Tiikuchahk and Dehkiaht were with him when he awoke. The Akjai was there, too, but he realized it had not been with him continually. He had a memory of it going away and coming back with Tiikuchahk and Dehkiaht. As Akin took in his surroundings, he saw the Akjai draw Dehkiaht into an alarming embrace, lifting the ooloi child and clasping it in over a dozen limbs.

“They wanted to learn about one another,” Tiikuchahk said. These were the first words it had spoken to him since he caused it to experience his memories.

He sat up and focused on it questioningly.

“You shouldn’t have been able to grab us and hold us that way,” it said. “Dehkiaht and its parents say no child should be able to do that.”

“I didn’t know I could do it.”

“Dehkiaht’s parents say it’s a teaching thing—the way adults teach subadult ooloi sometimes when the ooloi have to learn something they aren’t really ready for. They’ve never heard of a subadult male.”

“But Dehkiaht says that’s what I am.”

“It is what you are. Human-born construct females could be called subadults too, I guess. But you’re a first. Again.”

“I’m sorry you didn’t like what I did. I’ll try not to do it again.”

“Don’t. Not to me. The Akjai says you learned it here.”

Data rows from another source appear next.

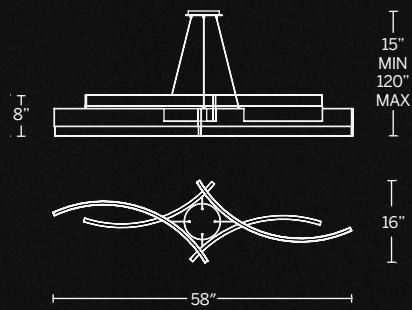

ARCS

A sleek and sophisticated chandelier for contemporary and transitional spaces. Concave and convex arcs in black or aged brass are mirrored above and below. A statement piece for over a dining or conference table.

- Spin-on round canopy with minimal hardware
- Curved, flowing, etched diffuser
- Thin, powered aircraft cables provide an ultra-clean look for adjustable suspension height
- Dimmer: ELV, TRIAC, 0-10V
- Thin canopy conceals a proprietary universal 120V-220V-277V driver
- Rated Life: 50,000 hours
- Color temp: 3000K
- CRI: 90

Model	Size	Wattage	Voltage	LED Lumens	Delivered Lumens	Finish
PD-31058	58"	40W	120-277V	5300	2089	AB Aged Brass BK Black

Example: PD-31058-BK
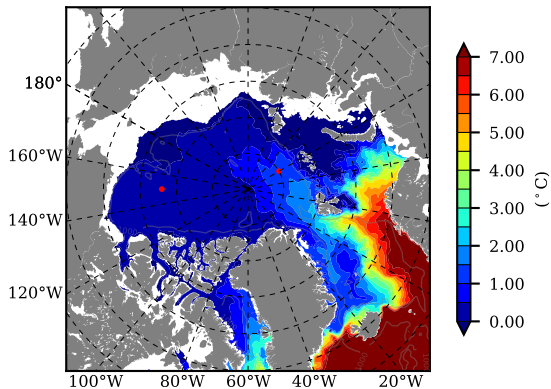

BCTGE28ERA5SC1 AW Max Temp over 2000

AW Max Temp from PHC 3.0

BCTGE28ERA5SC1 AW Max Temp depth

AW Max Temp depth from PHC 3.0
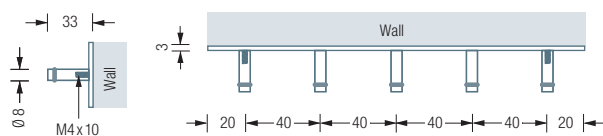

*Material: Viton®. High chemical and thermal resistance. Manufactured from fluorine and rubber. ISO abbreviation: FKM, DIN abbreviation: FPM.

**Material: NBR synthetic rubber (Nitrile Butadiene Rubber). High elasticity and durability with favorable aging behavior and low abrasion.
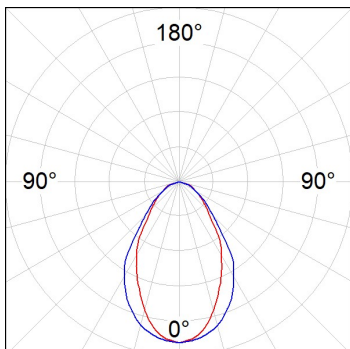

PHOTOMETRIC DATA :

F31RE140MOOC830NG
 $\eta = 99\%$
 $I_{max} = 693 \text{ cd/klm}$
UTE: 0,99C
CIE: 70 93 100 100 99
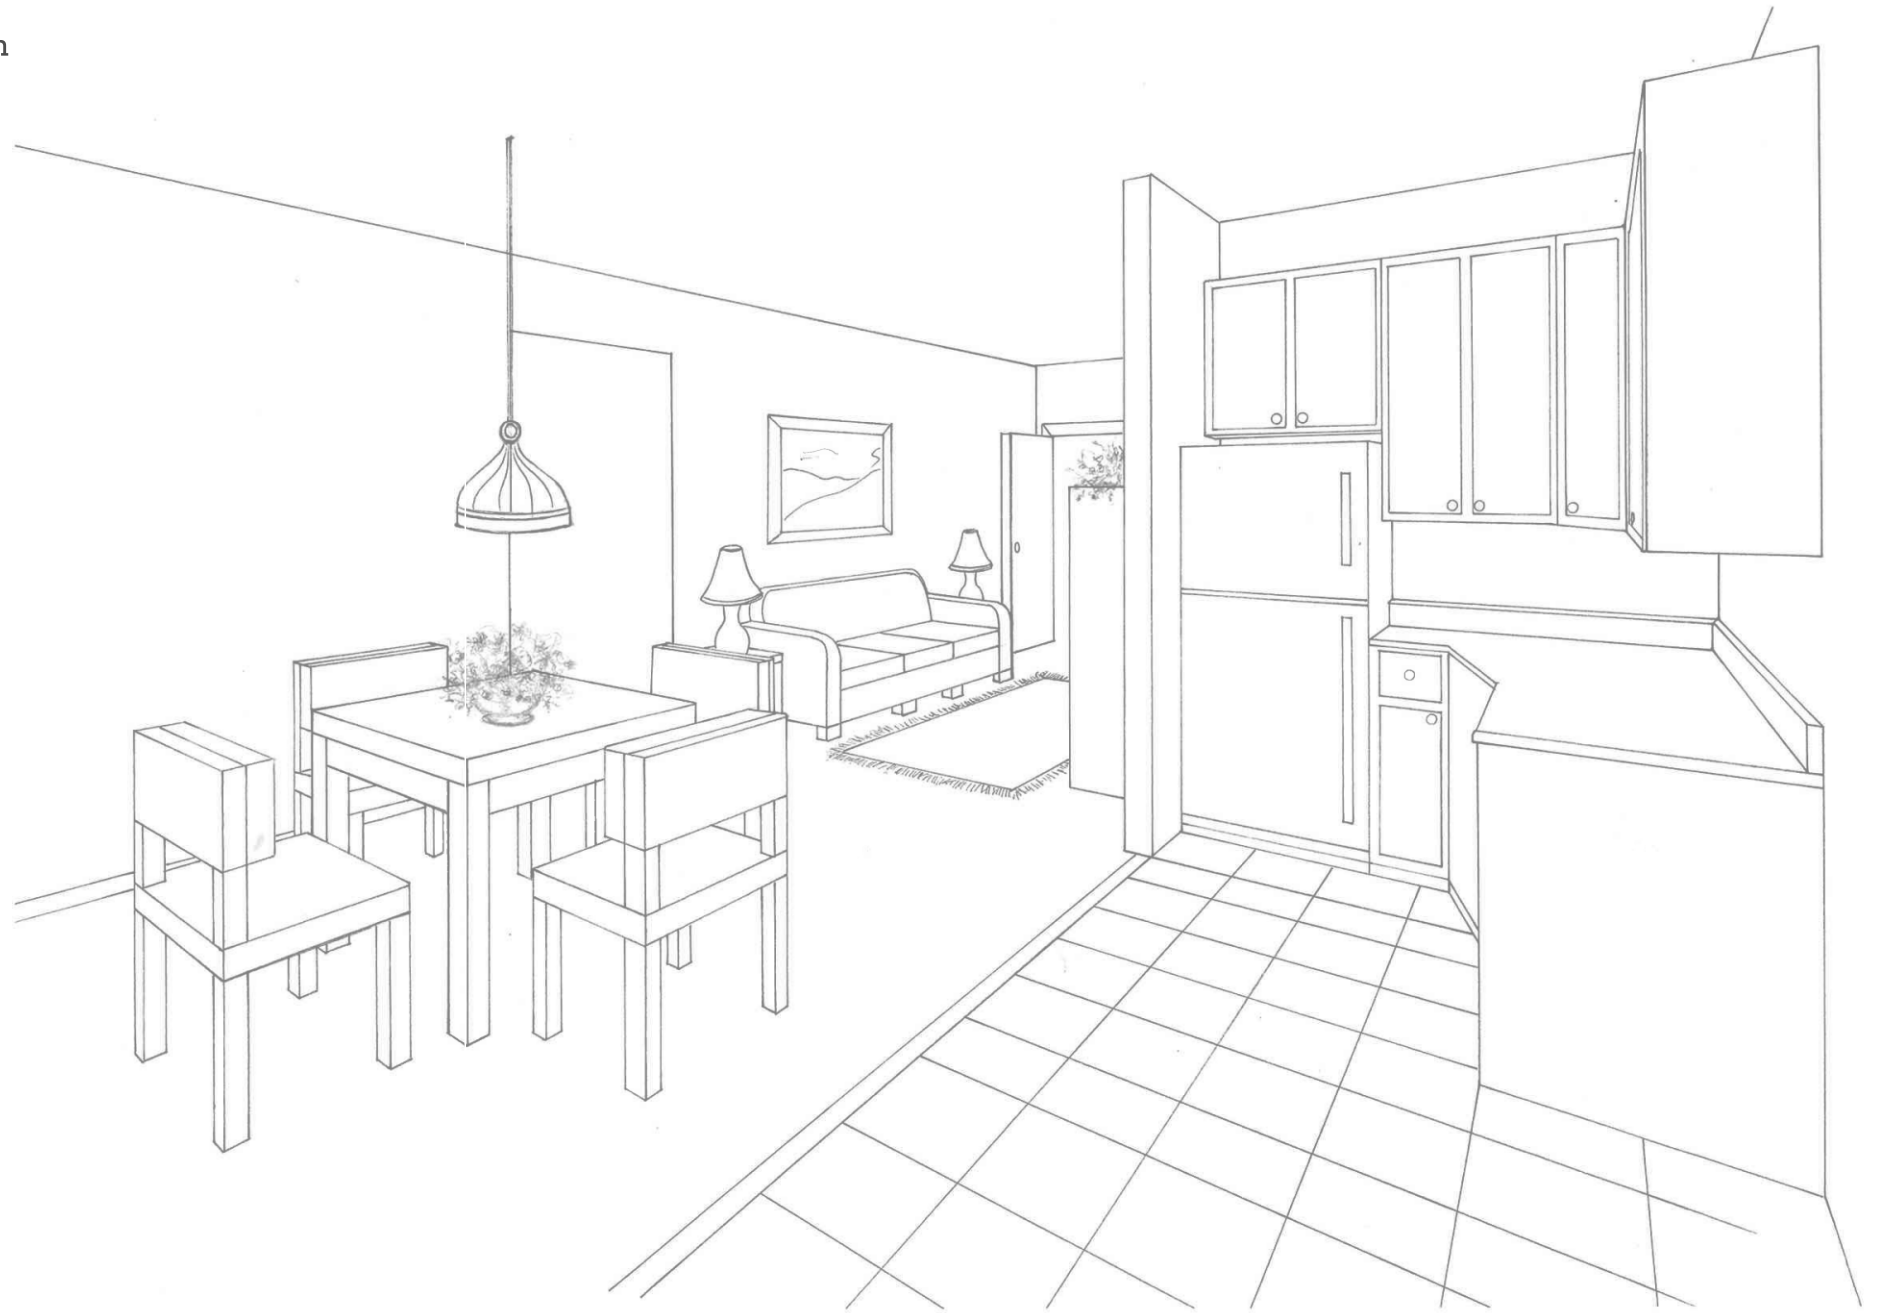

Matt  
Surface

**FLAKE  
OFF WHITE**

3 Randoms

1200x1200mm

Matt  
Surface

Matt  
Collection

**SEASTONE  
BIANCO**

1200x1200mm

“I must have—without realizing it.” He paused, watching Tiikuchahk. It was sitting next to him in apparent comfort. “Is it all right between us?”

“Seems to be.”

“Will you help me?”

“I don’t know.” It focused narrowly on him. “I don’t know what I am yet. I don’t even know what I want to be.”

“Do you want Dehkiaht?”

“I like it. It helped us, and I feel better when it’s around. If I were like you, I would probably want to keep it.”

“I do.”

“It wants you, too. It says you’re the most interesting person it’s known. I think it will help you.”

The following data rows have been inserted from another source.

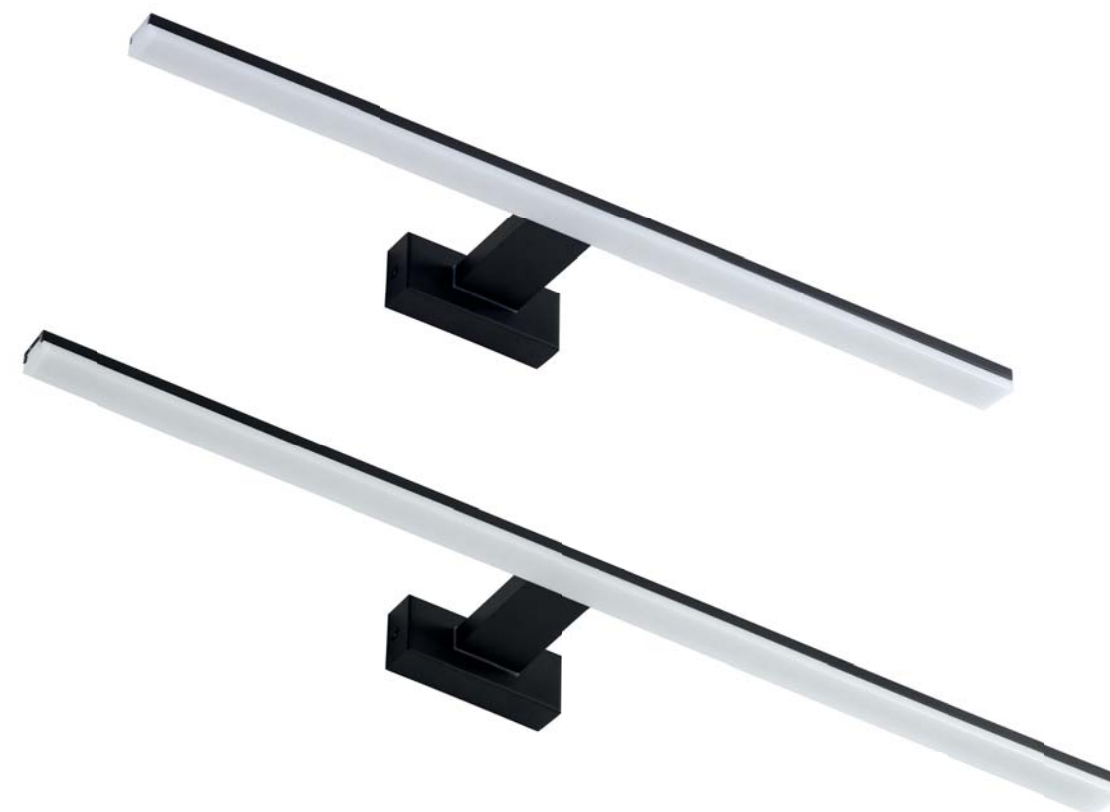

TIWALL

5-7598
5-7599
NEW

WL	⏻	▲	⦿	⚡	IP	W	🔋	Ra
LED SMD 16W 1600lm 3000K	-	x	1563lm	II	44	15,8W	A+	85,9
LED SMD 16W 1600lm 4000K	-	x	1563lm	II	44	15,8W	A+	85,9
LED SMD 20W 2000lm 3000K	-	x	1965lm	II	44	19,7W	A+	86
LED SMD 20W 2000lm 4000K	-	x	1965lm	II	44	19,7W	A+	86
REF. 3000K	REF. 4000K	16W						
5-7598-91-09	5-7598-91-05	Negro · Black · Noir						
REF. 3000K	REF. 4000K	20W						
5-7599-91-09	5-7599-91-05	Negro · Black · Noir
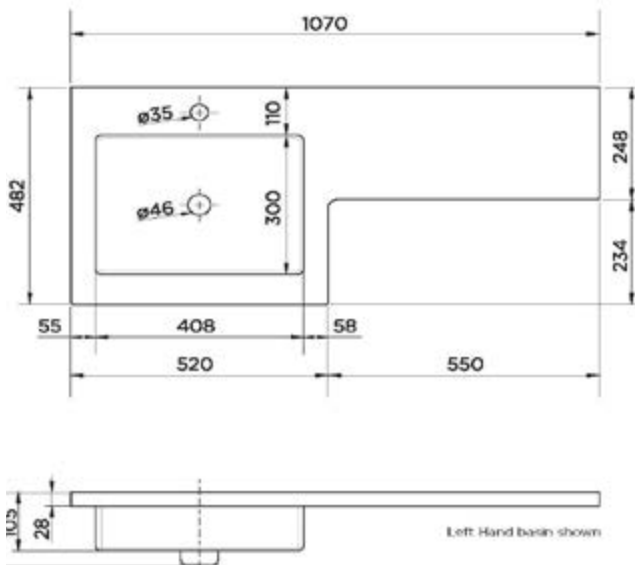

- * Requires Basin 8592LH or 8592RH
- * Requires WC Unit 29283N/000

1100mm Basin Unit

1100mm WC Unit

500mm WC Unit

Tall Unit

Edge & Luna 900mm LH/RH Basin

Edge & Luna 1100mm LH/RH Basin

SANITARYWARE
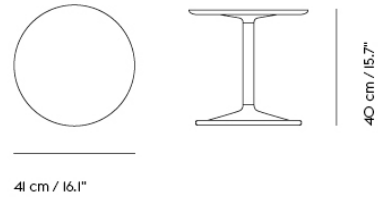

23% rabatt ska dras av på angivna priser

SOFT SIDE TABLE / Ø 41 H: 40 CM / Ø 16.1"
H: 15.7"

Shipper Colli	2
Gross Weight (kg)	8.873
Net Weight (kg)	7.158
Warranty period	10 years

Item No.	Color	Contract Price	Lead Time
Ready-To-Ship			
10786	Beige Green Laminate/Beige Green	SEK 3.482,10	-
13940	Dusty Green Laminate/Dusty Green ***	SEK 3.482,10	-
13939	Off-White Linoleum/Off-White ***	SEK 3.482,10	-
13941	Orange Laminate/Orange	SEK 3.482,10	-
13938	Black Nanolaminate/Black	SEK 3.482,10	-
10782	Grey Linoleum/Grey	SEK 3.482,10	-
13957	Oiled Oak/Off-White ***	SEK 4.037,70	-
13943	Oiled Smoked Oak/Black	SEK 4.037,70	-
10776	Solid Oak/Grey	SEK 4.037,70	-
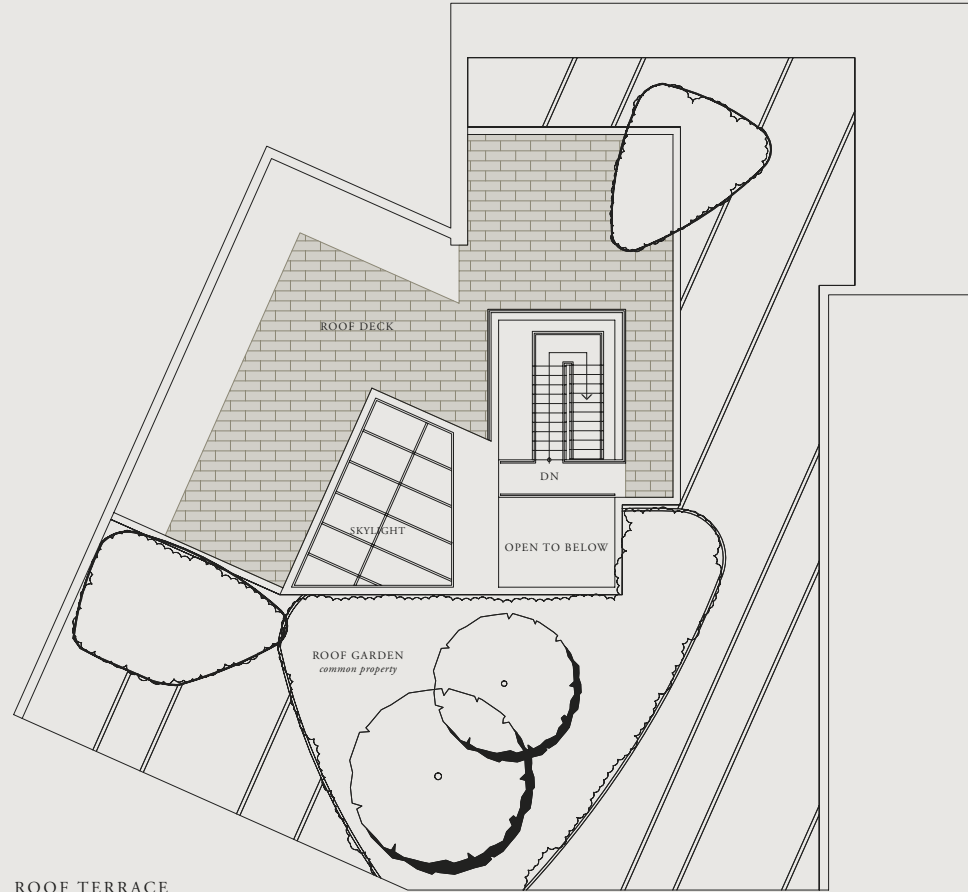

UPPER LIVING

WEST CORDOVA

LEVEL 47-49

DIMENSIONS, SIZES, SPECIFICATIONS, LAYOUTS AND MATERIALS ARE APPROXIMATE ONLY AND SUBJECT TO CHANGE WITHOUT NOTICE. E.R.O.E.

Penthouse

3 BEDROOM + FAMILY + LIBRARY

LOWER LIVING: 3735 SF
UPPER LIVING: 2699 SF

“If you become female, you could join us—mate with it.”

“And you?”

He looked away from it. “I can’t imagine how I would feel to have it and not you. What I’ve felt of it was

partly you.”

“I don’t know. No one knows yet what I’ll be. I can’t feel what you feel yet.”

He managed to stop himself from arguing. Tiikuchahk was right. He still occasionally thought of it as female, but its body was neuter. It could not feel as he did. He was amazed at his own feelings, although they were natural. Now that Tiikuchahk was no longer a source of irritation and confusion, he could begin to feel about it the way people tended to feel about their closest siblings. He did not know whether he truly wanted to have it as one of his mates—or whether a wandering male of the kind he was supposed to be could be said to have mates. But the idea of mating with it felt right, now. It, Dehkiaht, and himself. That was the way it should be.

“Do you know what the people have decided?” he asked.

Tiikuchahk shook its head Humanly. “No.”

After a time, Dehkiaht and the Akjai separated, and Dehkiaht climbed to the Akjai’s long, broad back.

“Come join us,” Dehkiaht called.

Akin got up and started toward it. Behind him, though, Tiikuchahk did not move.

Akin stopped, turned to face it. “Are you afraid?” he asked.

“Yes.”

“You know the Akjai won’t hurt you.”

“It will hurt me if it thinks hurting me is necessary.”

That was true. The Akjai had hurt Akin in order to teach him—and had taught Akin much more than he realized.

“Come anyway,” Akin said. He wanted to touch Tiikuchahk now, draw it to him, comfort it. He had never before wanted to do such a thing. And in spite of the impulse, he found he was not willing to touch it now. It would not want him to. Dehkiaht would not want him to.